WHAT NEEDS TO BE DONE: Type the entries out again exactly as they read, but leave every picture behind.

DATA TO EXAMINE:
···
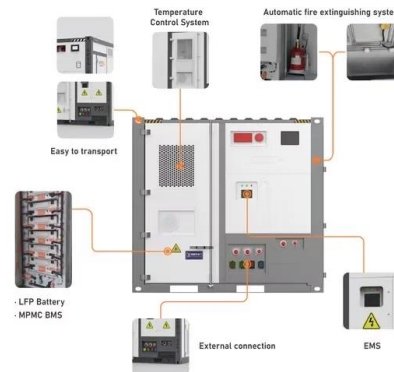

Heckert Solar GmbH Company Profile

Find company research, competitor information, contact details & financial data for Heckert Solar GmbH of Chemnitz, Sachsen. Get the latest business insights from Dun & Bradstreet.

Heckert Solar GmbH

Heckert Solar GmbH Renewable Energy Semiconductor Manufacturing ?? Über 20 Jahre Erfahrung in der Photovoltaik - Langlebige, leistungsstarke und nachhaltige Solarenergie für ...

La Isla Bouvet es la islas más remota del mundo

Mapa de la Isla Bouvet, en el Océano Atlántico Sur (Noruega). Descargar.. La isla Bouvet es una isla remota y casi inaccesible al sur-suroeste de Ciudad del Cabo, en Sudáfrica. Esta isla volcánica cubre un área de ...
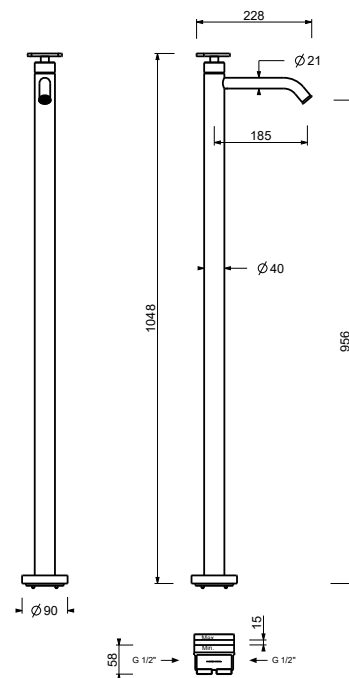

Mitigeur lavabo installation au sol

- entraxe bec 18,5 cm
- manette
- limiteur de débit 5 l/min à 3 bar
- entrées en 1/2"
- SANS VIDAGE

T536B

Partie externe

Matt Gun Metal PVD 20 P5 T536B

Acier Inoxidable Brossé - 20 93 T536B09

Rouge

Acier Brossé 20 93 T536B

3336A

Pièce Partie à encastrer

19 00 3336A
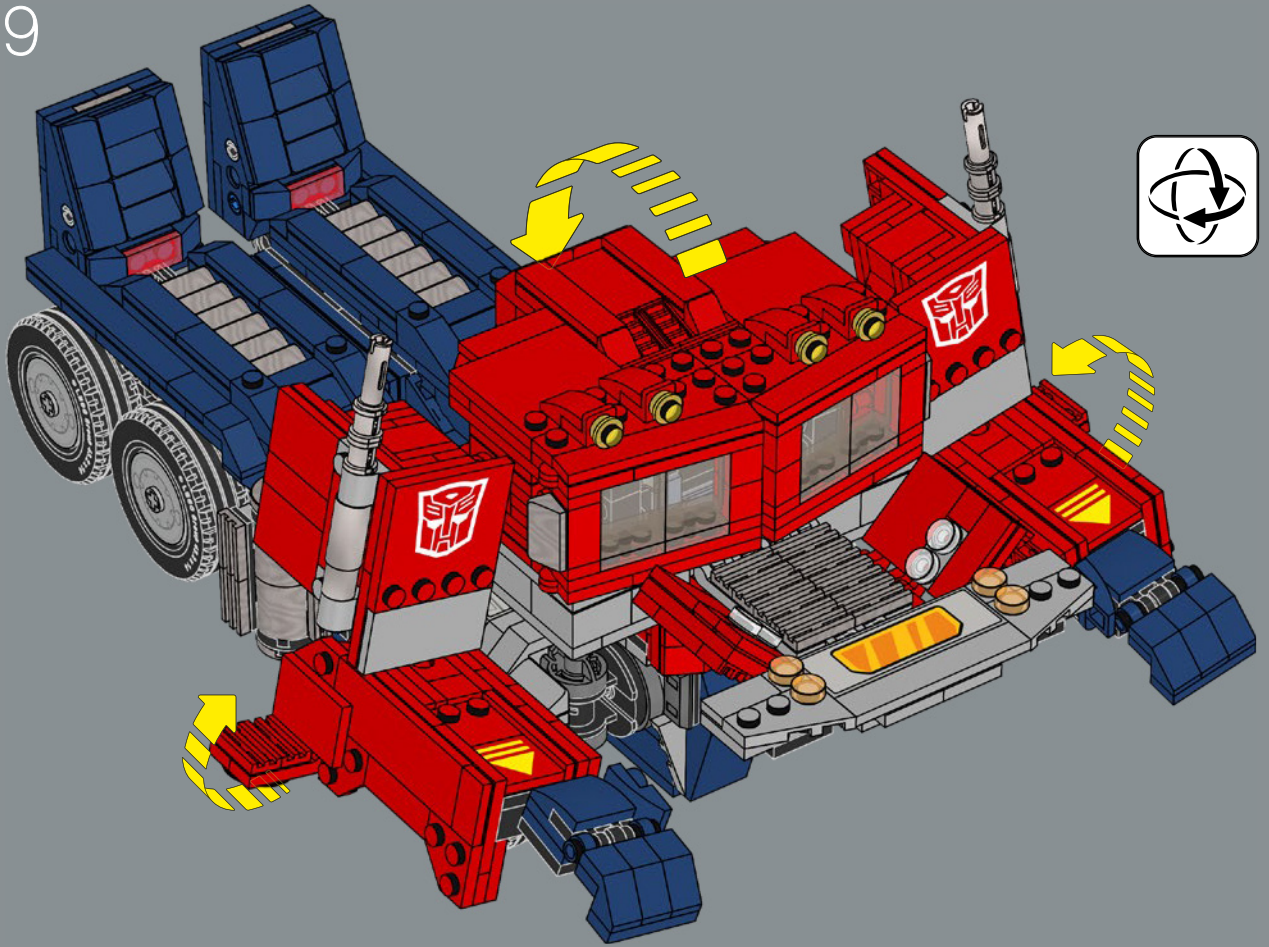

10

11

12

13

14

16

17

El bláster de Optimus Prime es el único accesorio de este set LEGO® que incluía el juguete original, por lo que también forma parte del modelo en el modo vehículo.
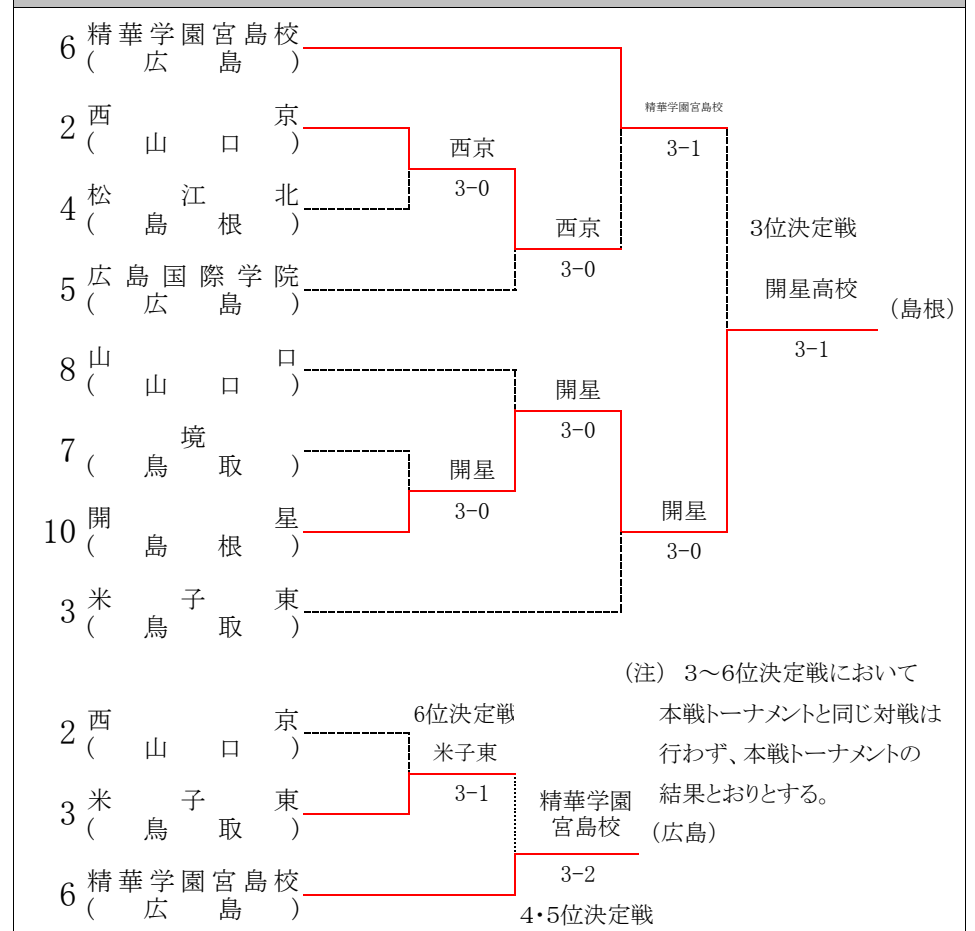

第46回全国選抜高校テニス大会中国地区大会

(R05. 11/18, 19 岡山県備前テニスセンター)

【男子本戦トーナメント】

《順位》

- 1位 関西高校(岡山)
- 2位 岡山理大附属高校(岡山)
- 3位 開星高校(島根)
- 4位 精華学園宮島校(広島)
- 5位 米子東 高校(鳥取)
- 6位 西京高校(山口)

【男子3～6位決定戦】

(注) 3～6位決定戦において
本戦トーナメントと同じ対戦は
行わず、本戦トーナメントの
結果とおりとす。

第46回全国選抜高校テニス大会中国地区大会

(R05. 11/18, 19 岡山県備前テニスセンター)

- 《順位》
- 1位 岡山学芸館高校(岡山)
 - 2位 山陽女学園高校(広島)
 - 3位 野田学園高校(山口)
 - 4位 西京高校(山口)
 - 5位 山陽学園高校(岡山)
 - 6位 広陵高校(広島)

(注) 3～6位決定戦において
 本戦トーナメントと同じ対戦は
 行わず、本戦トーナメントの
 結果とおりとす。

第17回中国高等学校新人テニス大会 男子ダブルス

順位	選手	所属校	対戦相手	スコア	順位	選手	所属校
1	藤村 野田 圭岳	② (岡山・岡山学芸館)	宇本 僚雄 太	3-6	11	宇本 僚雄 太	① (山口・岩国)
2	中藤 本 涼	① (広島・広島なぎさ)	藍野 巧帆	6-6	12	藍野 巧帆	② (鳥取・米子工)
3	内田 史悠	② (島根・出雲西)	瀨瀬 貴章	6-0	13	瀨瀬 貴章	② (広島・福山誠之館)
4	松本 佑雅	② (鳥取・鳥取西)	藤塚 本 理真	0-6	14	藤塚 本 理真	② (岡山・岡山朝日)
5	三大 島 佑一	① (山口・下関西)	吉岡 優 芽斗	6-6	15	吉岡 優 芽斗	② (島根・出雲西)
6	吉黒 村川 拓泰	② (島根・松江南)	綾部 悠 平斗	6-1	16	綾部 悠 平斗	② (広島・崇徳)
7	上大 森 脩	② (鳥取・米子)	檜菜 優 弥英	2-6	17	檜菜 優 弥英	② (岡山・岡山学芸館)
8	岩本 富 琥将之	① (山口・宇部高専)	中井 智 風天	2-6	18	中井 智 風天	② (島根・松江南)
9	福舟 永木 理遙	② (岡山・岡山学芸館)	松山 嶋 温希	6-6	19	松山 嶋 温希	② (山口・萩)
10	田徳 中永 達恢	① (広島・広島なぎさ)	白石 基 一虹	6-3	20	白石 基 一虹	② (鳥取・鳥取城北)
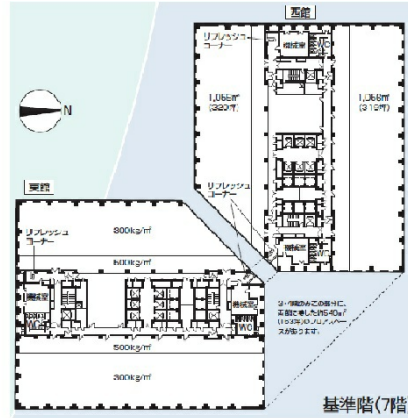

# ソリッドスクエア 5階136.65坪

神奈川県川崎市幸区堀川町580

## 物件MAP

賃貸条件	
坪数	136.65坪
階数	5階（西）
入居可能日	
ビル情報	
所在地	神奈川県川崎市幸区堀川町580
最寄り駅	京急本線 京急川崎駅 徒歩3分 JR京浜東北線 川崎駅 徒歩5分 JR南武線 川崎駅 徒歩5分 JR東海道本線 川崎駅 徒歩5分
エリア	川崎駅エリア
竣工	1995年5月
耐震	新耐震基準
階数	地上24階 地下2階
用途	事務所
構造	S造
設備情報	
エレベーター	28基
空調	セントラル空調
OAフロア	OAフロア
基準階天井高	2,650mm
光ファイバー	有り
トイレ	男女別・室外
セキュリティ	有り
駐車場	有り
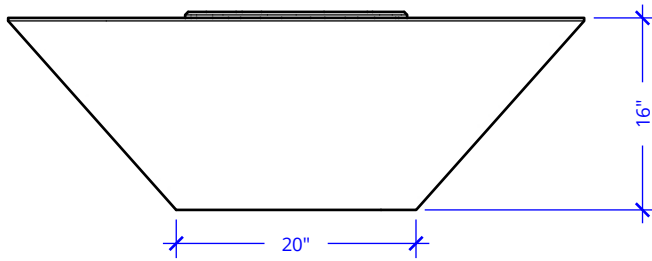

**ISOMETRIC VIEW**

**TOP VIEW**

**FRONT VIEW**

**RIGHT VIEW**

<b>48" Cazo Fire and Water Bowl 360° Spill</b>	
<b>SKU</b>	OPT-48CZFW360
<b>Material</b>	GFR Concrete
<b>Finish</b>	Smooth Concrete
<b>Gas Type</b>	NG or LP
<b>BTUs</b>	40,000
···
SOLUTION FOR THIS EXERCISE:
Heckert Solar GmbH Company Profile

Find company research, competitor information, contact details & financial data for Heckert Solar GmbH of Chemnitz, Sachsen. Get the latest business insights from Dun & Bradstreet.

Heckert Solar GmbH

Heckert Solar GmbH Renewable Energy Semiconductor Manufacturing ?? Über 20 Jahre Erfahrung in der Photovoltaik - Langlebige, leistungsstarke und nachhaltige Solarenergie für ...

La Isla Bouvet es la islas más remota del mundo

Mapa de la Isla Bouvet, en el Océano Atlántico Sur (Noruega). Descargar.. La isla Bouvet es una isla remota y casi inaccesible al sur-suroeste de Ciudad del Cabo, en Sudáfrica. Esta isla volcánica cubre un área de ...

Mitigeur lavabo installation au sol

- entraxe bec 18,5 cm
- manette
- limiteur de débit 5 l/min à 3 bar
- entrées en 1/2"
- SANS VIDAGE

T536B

Partie externe

Matt Gun Metal PVD 20 P5 T536B

Acier Inoxidable Brossé - 20 93 T536B09

Rouge

Acier Brossé 20 93 T536B

3336A

Pièce Partie à encastrer

19 00 3336A

10

11

12

13

14

16

17

El bláster de Optimus Prime es el único accesorio de este set LEGO® que incluía el juguete original, por lo que también forma parte del modelo en el modo vehículo.

第46回全国選抜高校テニス大会中国地区大会

(R05. 11/18, 19 岡山県備前テニスセンター)

【男子本戦トーナメント】

《順位》

- 1位 関西高校(岡山)
- 2位 岡山理大附属高校(岡山)
- 3位 開星高校(島根)
- 4位 精華学園宮島校(広島)
- 5位 米子東 高校(鳥取)
- 6位 西京高校(山口)

【男子3～6位決定戦】

(注) 3～6位決定戦において
本戦トーナメントと同じ対戦は
行わず、本戦トーナメントの
結果とおりとす。

第46回全国選抜高校テニス大会中国地区大会

(R05. 11/18, 19 岡山県備前テニスセンター)

- 《順位》
- 1位 岡山学芸館高校(岡山)
 - 2位 山陽女学園高校(広島)
 - 3位 野田学園高校(山口)
 - 4位 西京高校(山口)
 - 5位 山陽学園高校(岡山)
 - 6位 広陵高校(広島)

(注) 3～6位決定戦において
 本戦トーナメントと同じ対戦は
 行わず、本戦トーナメントの
 結果とおりとす。

第17回中国高等学校新人テニス大会 男子ダブルス

順位	選手	所属校	対戦相手	スコア	順位	選手	所属校
1	藤村 野田 圭岳	② (岡山・岡山学芸館)	宇本 僚雄 太	3-6	11	宇本 僚雄 太	① (山口・岩国)
2	中藤 本 涼	① (広島・広島なぎさ)	藍野 巧帆	6-6	12	藍野 巧帆	② (鳥取・米子工)
3	内田 史悠	② (島根・出雲西)	瀨瀬 貴章	6-0	13	瀨瀬 貴章	② (広島・福山誠之館)
4	松本 佑雅	② (鳥取・鳥取西)	藤塚 本 理真	0-6	14	藤塚 本 理真	② (岡山・岡山朝日)
5	三大 島 佑一	① (山口・下関西)	吉岡 優 芽斗	6-6	15	吉岡 優 芽斗	② (島根・出雲西)
6	吉黒 村川 拓泰	② (島根・松江南)	綾部 悠 平斗	6-1	16	綾部 悠 平斗	② (広島・崇徳)
7	上大 森 脩	② (鳥取・米子)	檜菜 優 弥英	2-6	17	檜菜 優 弥英	② (岡山・岡山学芸館)
8	岩本 富 琥将之	① (山口・宇部高専)	中井 智 風天	2-6	18	中井 智 風天	② (島根・松江南)
9	福舟 永木 理遙	② (岡山・岡山学芸館)	松山 嶋 温希	6-6	19	松山 嶋 温希	② (山口・萩)
10	田徳 中永 達恢	① (広島・広島なぎさ)	白石 基 一虹	6-3	20	白石 基 一虹	② (鳥取・鳥取城北)

# ソリッドスクエア 5階136.65坪

神奈川県川崎市幸区堀川町580

## 物件MAP

賃貸条件	
坪数	136.65坪
階数	5階（西）
入居可能日	
ビル情報	
所在地	神奈川県川崎市幸区堀川町580
最寄り駅	京急本線 京急川崎駅 徒歩3分 JR京浜東北線 川崎駅 徒歩5分 JR南武線 川崎駅 徒歩5分 JR東海道本線 川崎駅 徒歩5分
エリア	川崎駅エリア
竣工	1995年5月
耐震	新耐震基準
階数	地上24階 地下2階
用途	事務所
構造	S造
設備情報	
エレベーター	28基
空調	セントラル空調
OAフロア	OAフロア
基準階天井高	2,650mm
光ファイバー	有り
トイレ	男女別・室外
セキュリティ	有り
駐車場	有り

**ISOMETRIC VIEW**

**TOP VIEW**

**FRONT VIEW**

**RIGHT VIEW**

<b>48" Cazo Fire and Water Bowl 360° Spill</b>	
<b>SKU</b>	OPT-48CZFW360
<b>Material</b>	GFR Concrete
<b>Finish</b>	Smooth Concrete
<b>Gas Type</b>	NG or LP
<b>BTUs</b>	40,000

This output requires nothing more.